The Burnt Mill Office Park spaces are for lease, while Bradley Creek Station spaces are for lease or sale.
“I think there’s a lot of office movement going on right now, a lot of people leasing and buying,” Hall said.
Cameron Properties Land Co. and Paramounte Engineering Inc. submitted site plans earlier this year for the first phase of a new midtown office complex. The developers hope to start construction on the Offices at Barclay sometime during the first of the year, said Hill Rogers, broker in charge of Wilmington-based Cameron Management.
The office building in the first phase would be nearly 63,000 square feet and the first parking deck nearly 159,000 square feet. The parking deck designs include pedestrian connections to the office buildings. The decks are expected to have more than 900 parking spaces when complete.
The new office park would be bordered by Dusty Miller Lane, Gallery Park Boulevard and Stone Crop Drive in The Pointe at Barclay, a dining and entertainment complex anchored by The Pointe 14 Stone Theatres movie theater.
Potential tenant interest is high because of the project’s location, Rogers said, but overall economic growth is also driving the demand.
“We’re growing but by how much – that’s a tenant-by-tenant situation. It seems to be that everybody you ask – pick an industry – is busy,” Rogers said.
Midtown is not the only primary office market where new inventory is on the way. Recent Military Cutoff Road proposals for mixed-use projects all include potential office space.
In one of the most recent, Tribute Companies has submitted conditional district rezoning requests to the city of Wilmington for projects not far from each other on Military Cutoff called Arboretum West and Arboretum Village. Arboretum West could have up to 10,000 square feet of office space, while Arboretum Village could have up to 3,000 square feet for potential office tenants.

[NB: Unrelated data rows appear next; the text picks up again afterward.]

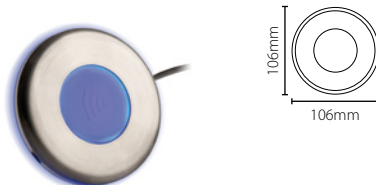

Proximity marine reader

Sales code 500-010
Price £225.00
More information <http://paxton.info/1042>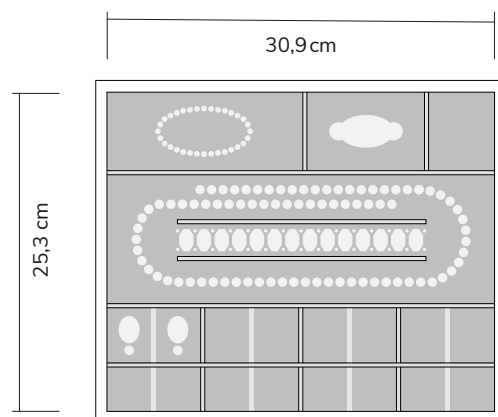

Insert #0300

Available drawer heights:
6 – 8 – 10 – 14 cm | price category A

Insert #0310

Available drawer heights:
6 – 8 – 10 – 14 cm | price category A

Insert #0350

Available drawer heights:
6 – 8 – 10 – 14 cm | price category A

Insert #0405

Available for drawer heights:
6 – 8 – 10 – 14cm | price category A

Insert #0500

Available drawer heights:
6 – 8 – 10 – 14cm | price category A

Insert #0600

Available drawer heights:
6 – 8 – 10 – 14cm | price category A

STOCKINGER

Insert #0705

Available for drawer heights:
6 – 8 – 10 – 14 cm | price category B

Insert #0755

Available for drawer heights:
8 – 10 – 14 cm | price category B

Insert #0800

Available drawer heights:
8 – 10 – 14 cm | price category B

Insert #0810

Available drawer heights:
8 – 10 – 14 cm | price category B

Insert #0900

Available drawer heights:
6 – 8 – 10 – 14 cm | price category B

Insert #1000

Available drawer heights:
6 – 8 – 10 – 14 cm | price category B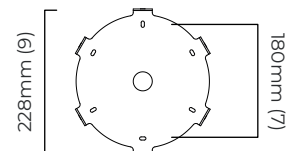

0/1-10v (220-240v or 110-130v) - on request

CEILING ROSE / PLATE

round ceiling rose - ø 240 x 65 mm (dia x h)

CERTIFICATION

VIEW ON WEBSITE

mounting plate dimensions

*Diagrams are not to scale.

AVALON CHANDELIER LARGE CEILING MOUNTING PLATE - DALI A

FINISH

bronze with honed alabaster
satin brass with honed alabaster

DIMENSIONS (body of fixture)

ø 1010 x 70 mm (dia x h)

WEIGHT

30kg (66.1lbs)

please ensure ceiling structure is strong enough to support the weight of the light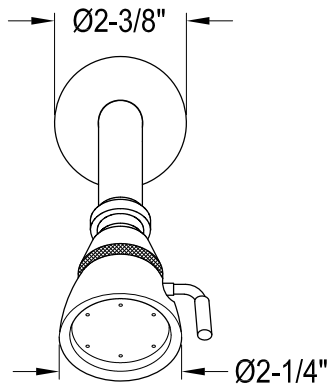

KB3630, 1, 2, 3, 5, 6, 7, 8AXSO

Single Handle Pressure Balanced Tub & Shower Faucet, Shower Only

Bracket

With new projects on the way, supply doesn’t appear to be exceeding demand, brokers say. For nCino, which grew its fiscal year revenue by 562 percent between 2013 and 2016, new space was critical for a workforce that has expanded from 150 to more than 400 in about two years.
By the end of next year, in addition to its The Offices at Mayfaire space, the Live Oak Bank spinoff will occupy all of the 90,000-square-foot office building at 6770 Parker Farm Drive.

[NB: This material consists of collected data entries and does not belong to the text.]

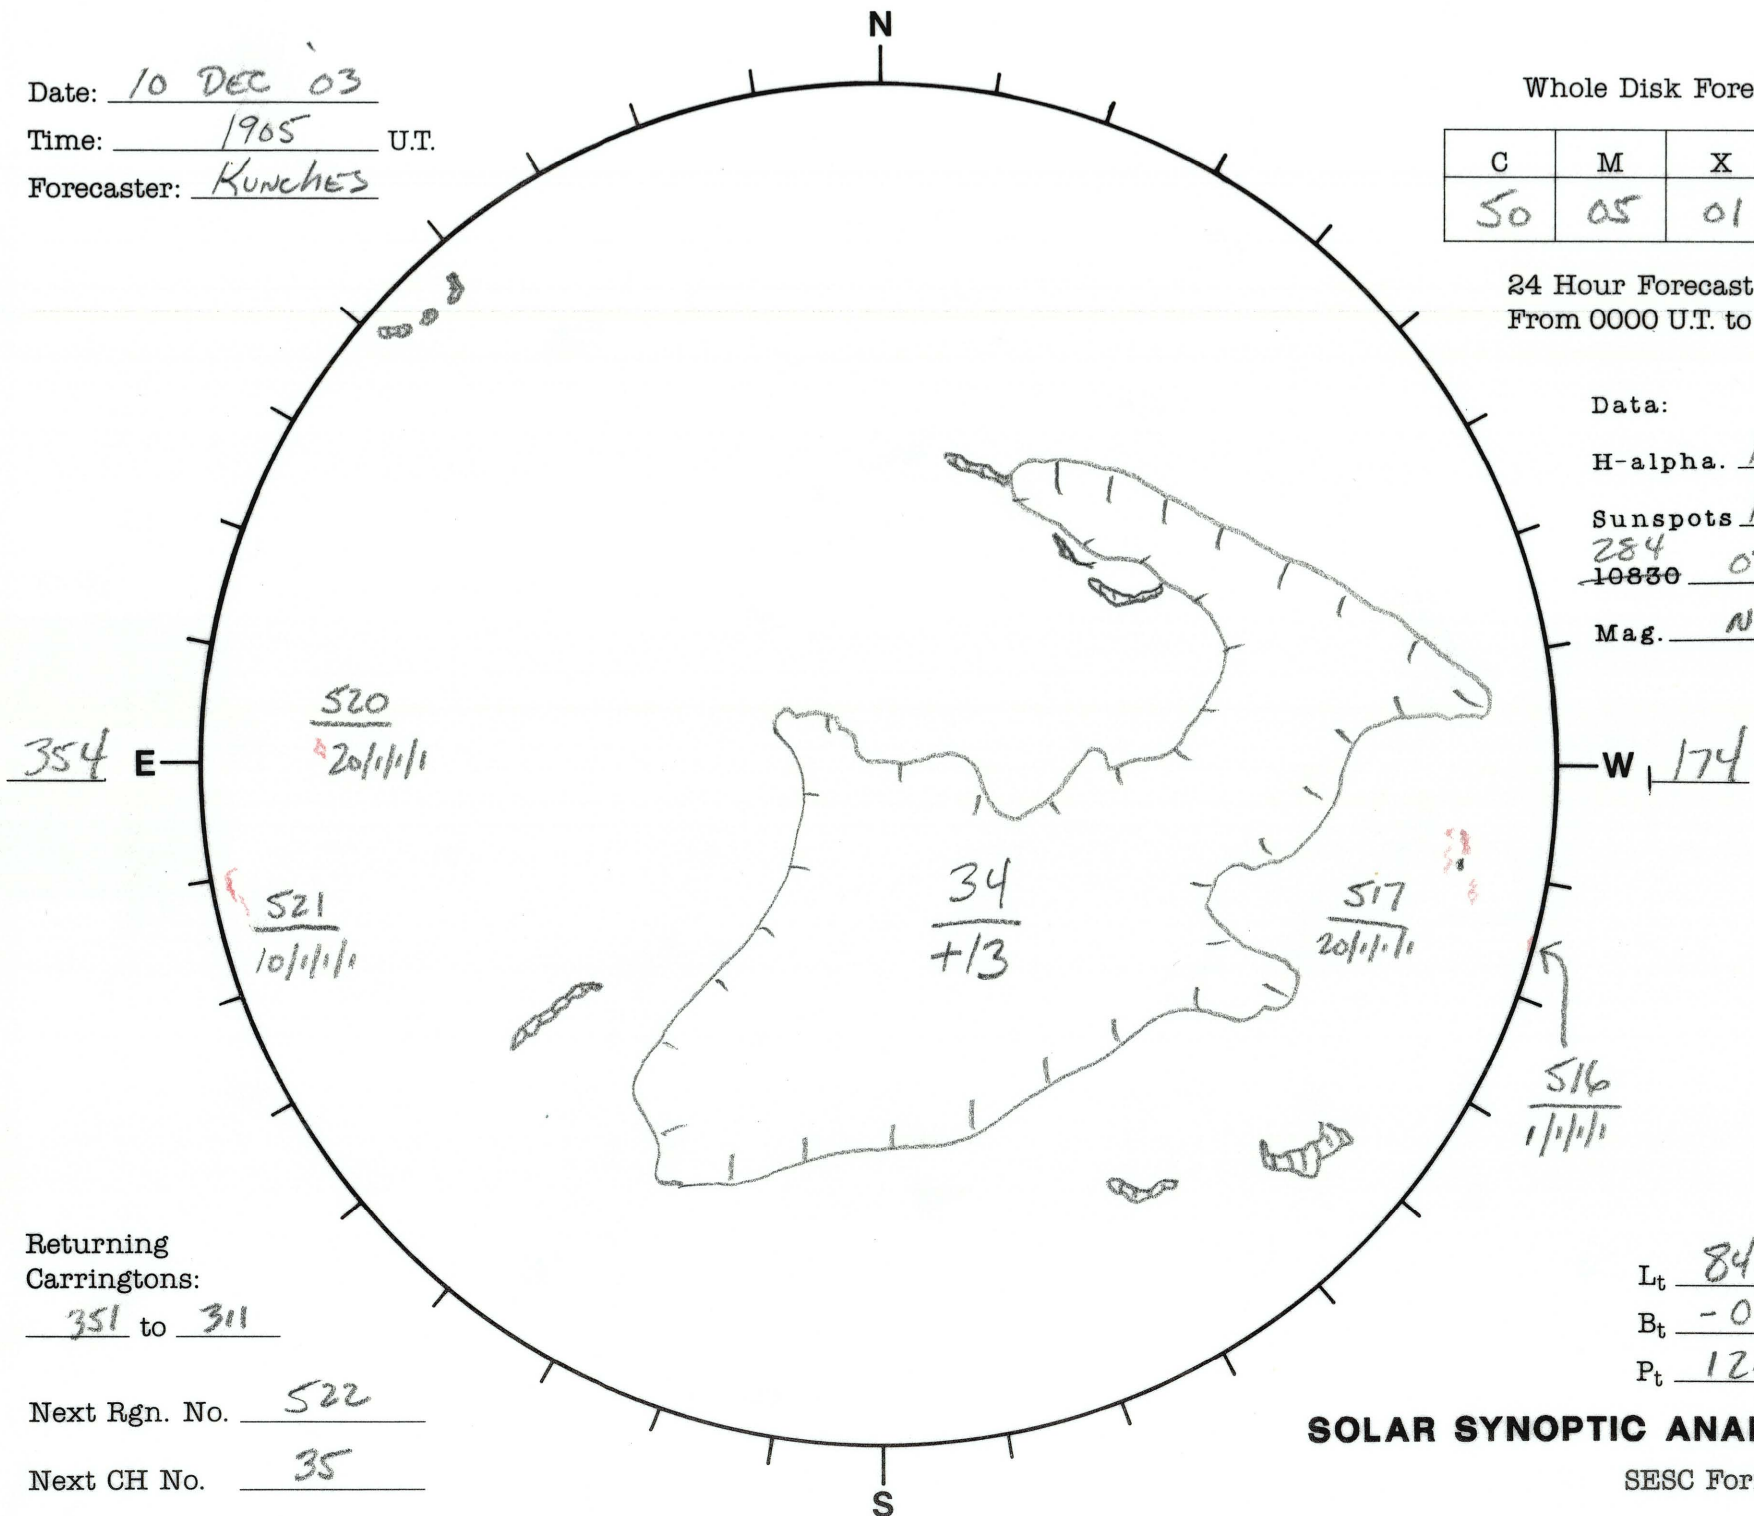

Date: 10 DEC '03  
 Time: 1905 U.T.  
 Forecaster: KUNCHES

Whole Disk Forecast

C	M	X	P
50	05	01	01

24 Hour Forecast  
 From 0000 U.T. to 0000 U.T.

Data:  
 H-alpha. 1905 U.T.  
 Sunspots 1210 U.T.  
~~10830~~ 284 0706 U.T.  
 Mag. NA U.T.

Returning Carringtons:

351 to 311

Next Rgn. No. 522

Next CH No. 35

$L_t$  84.0  
 $B_t$  -0.3  
 $P_t$  12.3

**SOLAR SYNOPTIC ANALYSIS**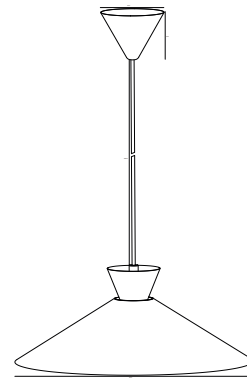

NEW White 2213385001
Metal

Wilmington Health’s lease of the 30,000 square feet in The Offices at Mayfaire V also represents growth in the Mayfaire area, where the health care provider already had some office space.
“The office we have here today … our patients love it, our providers love it, our staff love it … We’re going to be able to expand what we have in this market for the patients in this market and bring more physicians … to the patients in the community where they are instead of making them drive wherever is convenient for us,” Wilmington Health COO Chris Bunch said during the Nov. 9 The Offices at Mayfaire event.

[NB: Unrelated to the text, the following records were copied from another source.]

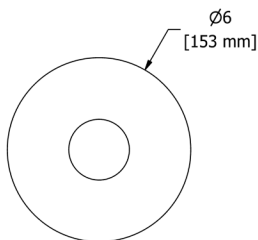

CICLO

CLASSIC

CS

EDGE

EIFFEL

EQUINOX

FRESK

GS

KUBIK

MOMENTI

PALLAGE

PARABOLA

ED09 Edge Two Handle Deck Mount Bidet

Suggested Retail Price

Handle	C	PN	BN
+	857	1,040	1,040
L	857	1,040	1,040

TEDTM51 Edge 1/2" Pressure Balance Trim

Suggested Retail Price

C	PN	BN
213	311	311

- Temperature and volume control
- 1 function
- Rough-in valve sold separately:
  — Order R51 pressure balance rough-in valve: $137

TEDTM23 (SHARED) OR TEDTM44 (NO SHARE) Edge 1/2" Therm & Pressure Balance Trim with up to 3 Functions

Suggested Retail Price

Handle	C	PN	BN
+	394	491	490
L	394	491	491

- RioWise™ valve technology
- Temperature and volume control
- Up to 3 functions
- Rough-in valve sold separately:
  — Order R23 therm & pressure balance rough-in valve: $170

TEDTM45 (SHARED) OR TEDTM47 (NO SHARE) Edge 1/2" Therm & Pressure Balance Trim with up to 5 Functions

Suggested Retail Price

Handle	C	PN	BN
+	376	486	486
L	376	486	486

- RioWise™ valve technology
- Temperature and volume control
- Up to 5 functions
- Rough-in valve sold separately:
  — Order R45 therm & pressure balance rough-in valve: $237

TEDTM46 (SHARED) Edge 3/4" Therm & Pressure Balance Trim with up to 6 Functions

Suggested Retail Price

Handle	C	PN	BN
+	740	904	904
L	740	903	903

- RioWise™ valve technology
- Temperature and volume control
- Up to 6 functions
- Rough-in valve sold separately:
  — Order R46 therm & pressure balancerough -in valve: $362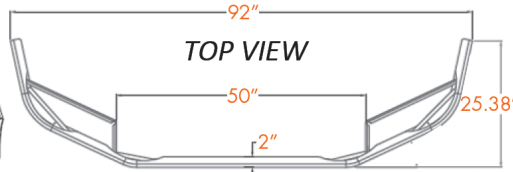

384 SET BACK AXLE YEARS 2008-2015

REPLACES STAINLESS CLAD BUMPERS - MOUNTS TO CLAD BRACKETS

CLAD REPLACEMENT AVAILABLE IN 13" WIDTH ONLY

PLASTIC REPLACEMENT REQUIRES MOUNTING BRACKETS:

HW0115BK (13") OR HW0116BK (16")

HW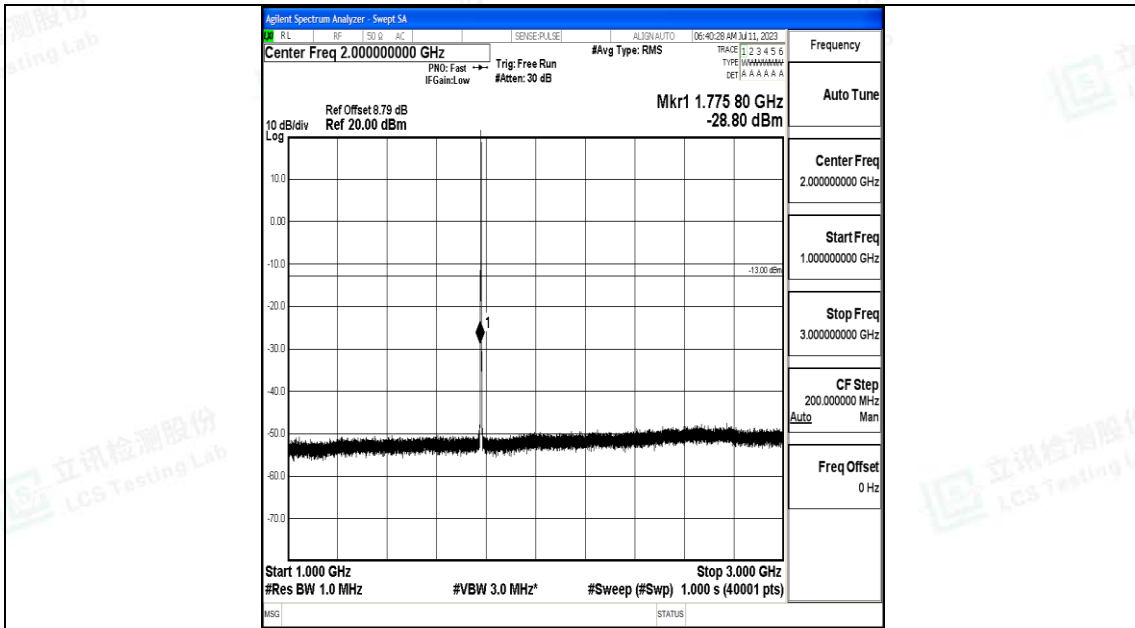

Band66_1.4MHz_16QAM_132665_1RB#0_0.009~0.15_0.009~0.15

Band66_1.4MHz_16QAM_132665_1RB#0_0.15~30_0.15~30

Band66_1.4MHz_16QAM_132665_1RB#0_30~1000_30~1000

Band66_1.4MHz_16QAM_132665_1RB#0_1000~3000_1000~3000

Although some predict the economy in general is due for a slowdown, something that could impact the need for office space everywhere, others are more optimistic.
The Offices at Mayfaire development team was able to fill up The Offices at Mayfaire I “in the darkest days,” Steve Anderson said. “We were then able, during the iffy times, to go over and start Mayfaire II, and that kicked us off to be able to do III and IV, all in about a 10-month timeframe.”